YOUR GOAL — Find the lines below holding the word "FLOAT" and copy each of them.

SUPPLIED RECORDS —
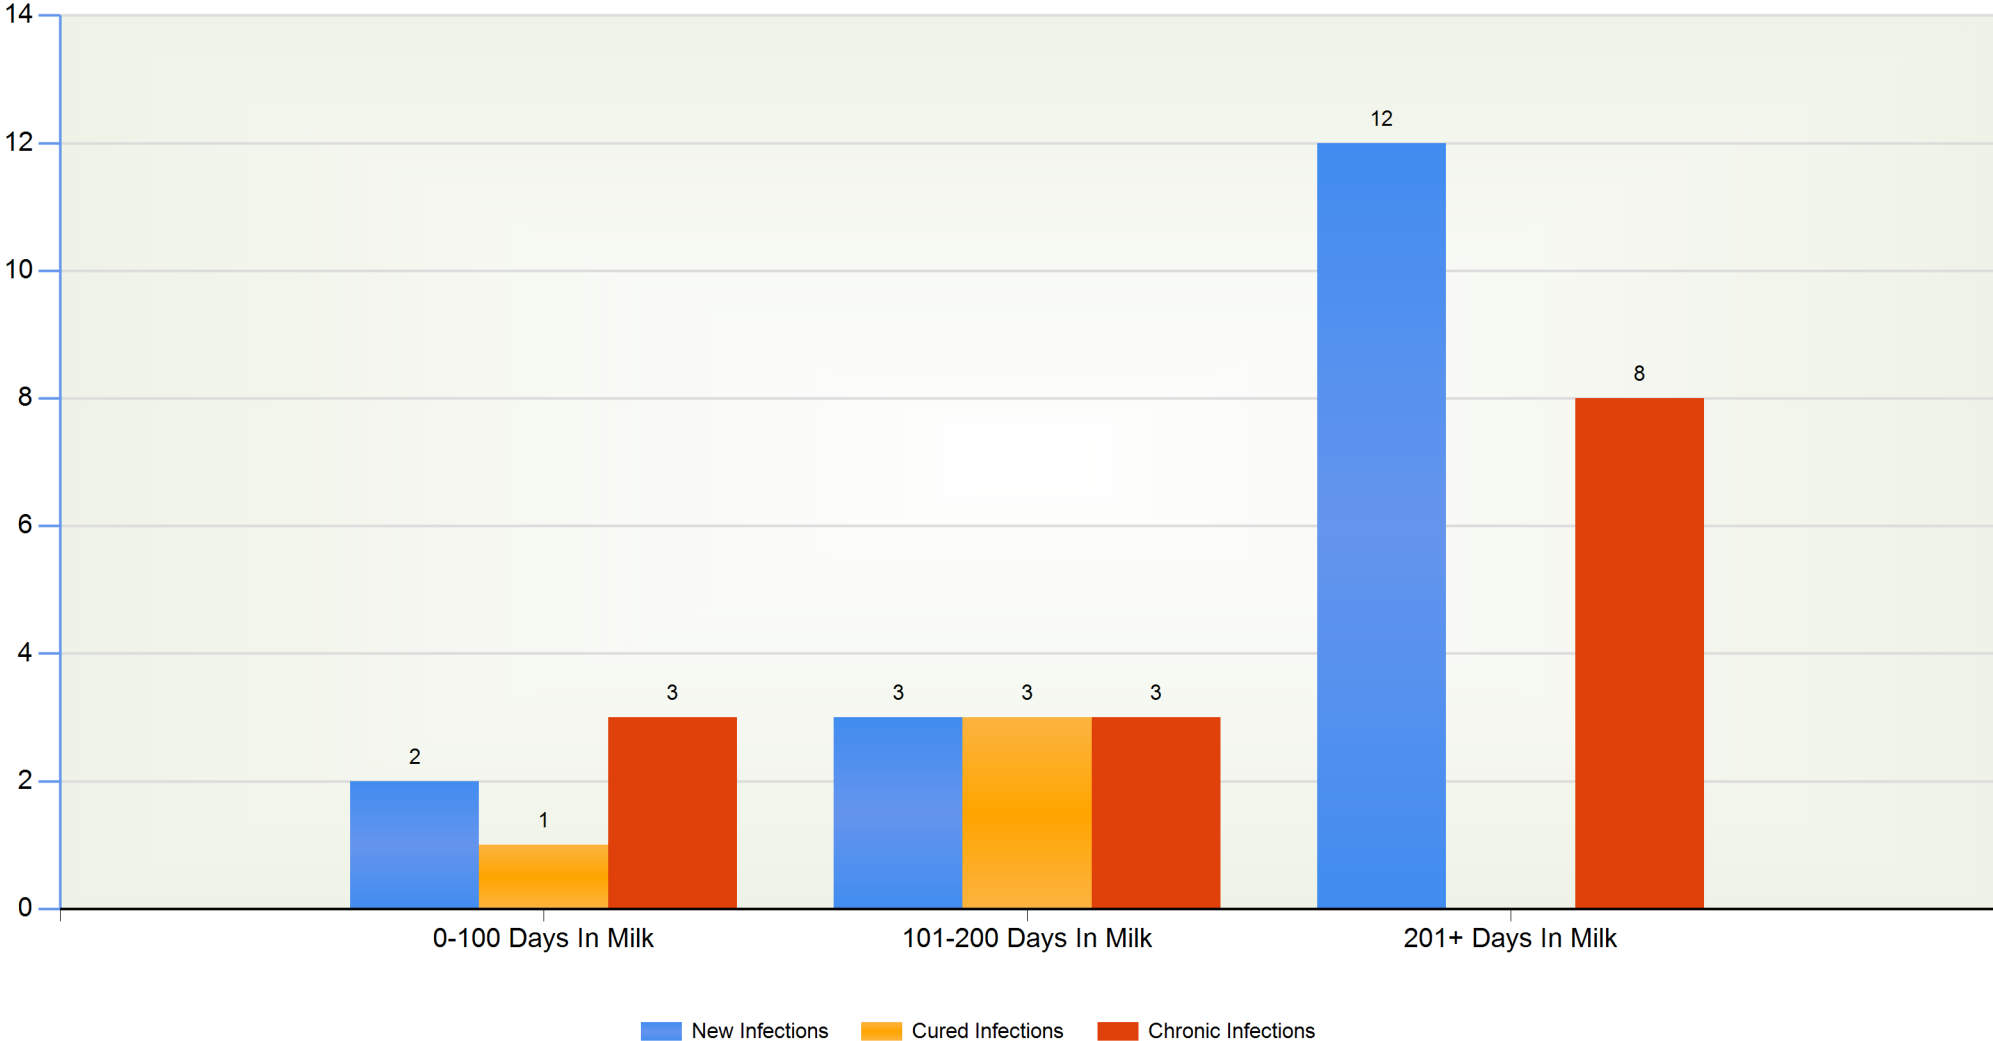

Demo Herd 1, Demoville, 14 July 2021

BVD:- IBR:- Fluke:- Lepto:- Orbeseal:- Kexxtone:-

Example House, Demo Street, DEMO CITY, DE1
1MO Tel:01010 110011

Milking Period Trends (Heifers) by Month

Milk Monitor SCC Supplement ©

Demo Herd 1, Demoville, 14 July 2021

BVD:- IBR:- Fluke:- Lepto:- Orbeseal:- Kexxtone:-

Example House, Demo
Street, DEMO CITY, DE1
1MO Tel:01010 110011

Milking Period Trends (All Animals) by Parity

Milk Monitor SCC Supplement ©

Demo Herd 1, Demoville, 14 July 2021

BVD:- IBR:- Fluke:- Lepto:- Orbeseal:- Kexxtone:-

Example House, Demo
Street, DEMO CITY, DE1
1MO Tel:01010 110011

Milking Period Trends (All Animals) by Days In Milk

Milk Monitor SCC Supplement ©
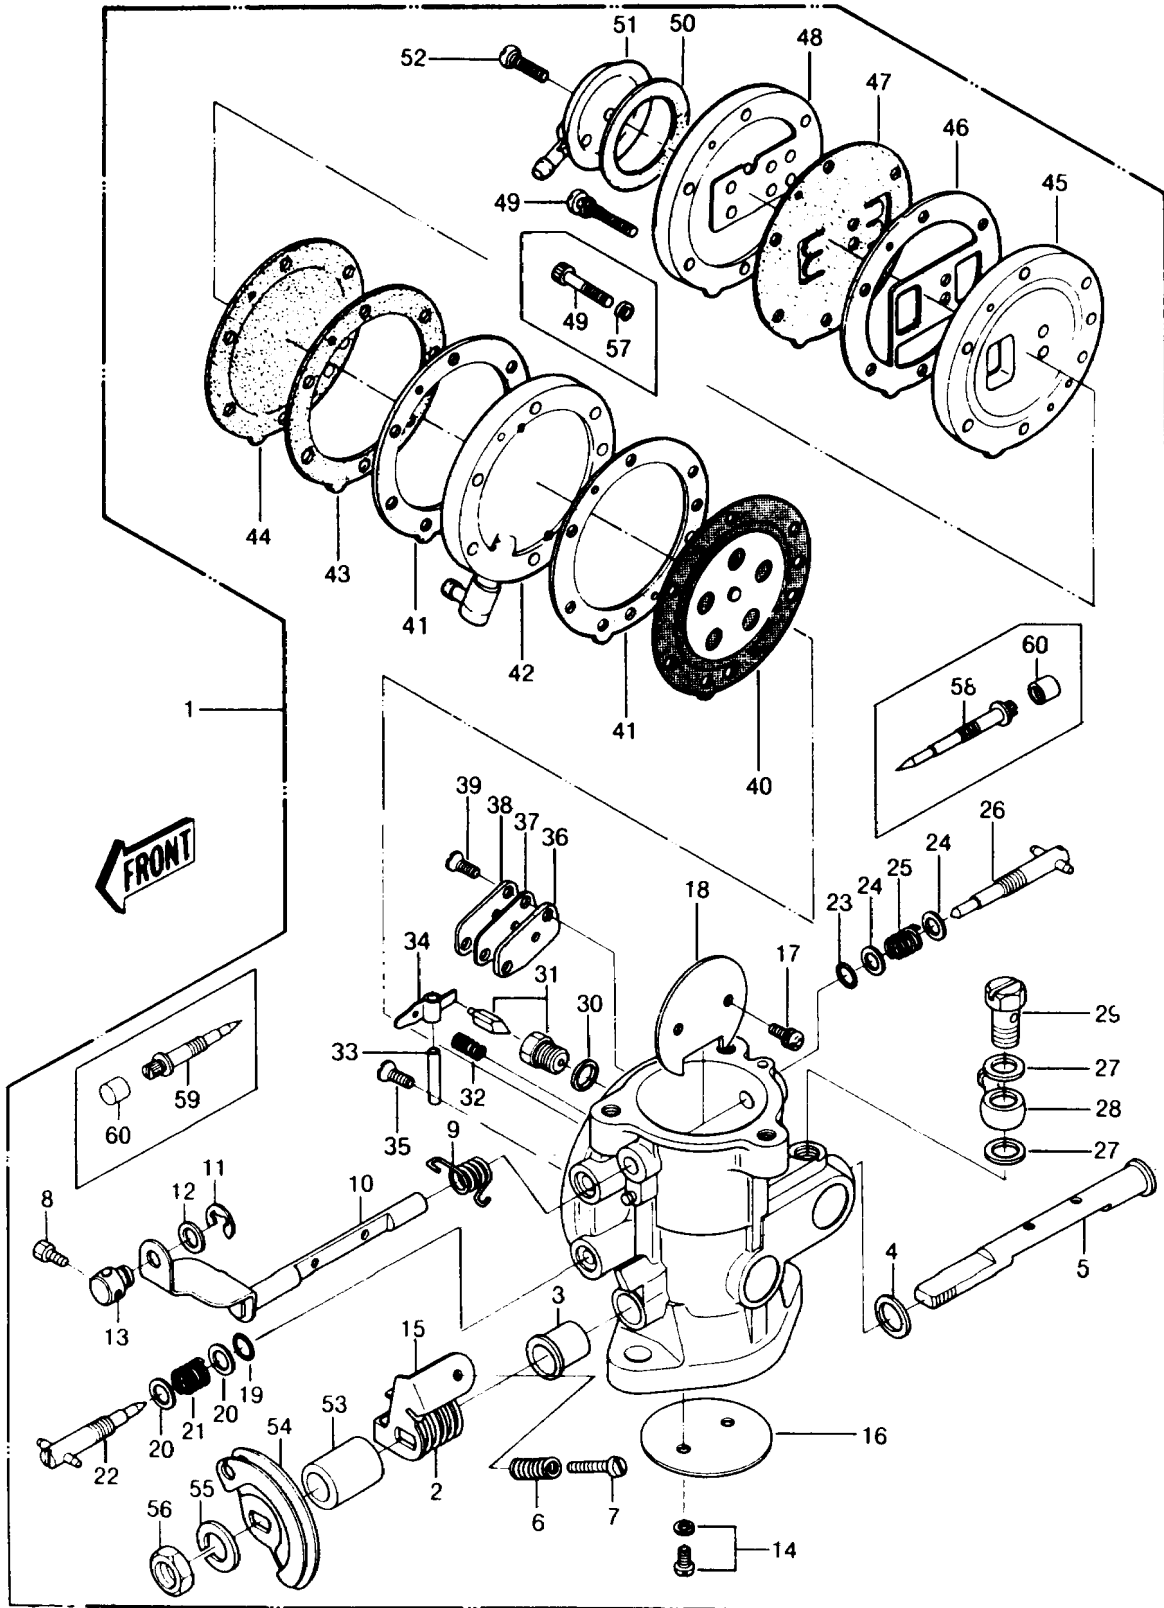

1990 JS440 PARTS DIAGRAM

Carburetor

1990 JS440 PARTS LIST

Carburetor

ITEM NAME	PART NUMBER	QUANTITY
RING-SNAP,5MM,SUS304 (Ref # 11)	92033-3004	1
WASHER,PLAIN,NYLON (Ref # 12)	92022-3020	1
TERMINAL,CHOKE SHAFT (Ref # 13)	21169-3008	1
LEVER-THROTTLE (Ref # 15A)	39075-3706	1
RING-O (Ref # 19)	92055-510	1
WASHER (Ref # 20)	92022-537	1
SPRING (Ref # 21)	92081-528	1
RING-O (Ref # 23)	92055-511	1
GASKET (Ref # 24)	92065-528	1
SPRING (Ref # 25)	92081-534	1
GASKET,BANJO BOLT (Ref # 27)	92065-078	2
JOINT,BANJO (Ref # 28)	59071-505	1
BOLT,BANJO (Ref # 29)	92003-521	1
GASKET,FLOAT VALVE SEAT (Ref # 30)	16029-004	1
VALVE-FLOAT,#1.5 (Ref # 31)	16030-503	1
SPRING (Ref # 32)	92081-536	1
PIN,FLOAT (Ref # 33)	16032-006	1
PLATE (Ref # 34)	59001-506	1
SCREW (Ref # 35)	92009-3714	1
CARBURETOR-ASSY (Ref # 1A)	15001-3752	1
SPRING,THROTTLE SHAFT (Ref # 2)	92144-3715	1
BUSHING,CARBURETOR (Ref # 3)	92028-3730	1
SPRING (Ref # 6A)	92144-3722	1
SCREW,4X18 (Ref # 7A)	92009-2245	1
BOLT,4X8 (Ref # 8)	92001-3026	1
GASKET (Ref # 36)	92065-544	1
DIAPHRAGM,CHECK SHEET (Ref # 37)	51069-501	1
BRACKET,CARBURETOR (Ref # 38)	59086-541	1
SCREW (Ref # 39)	92009-3714	2

EXERCISE SOLUTION —
GASKET,FLOAT VALVE SEAT (Ref # 30)	16029-004	1
VALVE-FLOAT,#1.5 (Ref # 31)	16030-503	1
PIN,FLOAT (Ref # 33)	16032-006	1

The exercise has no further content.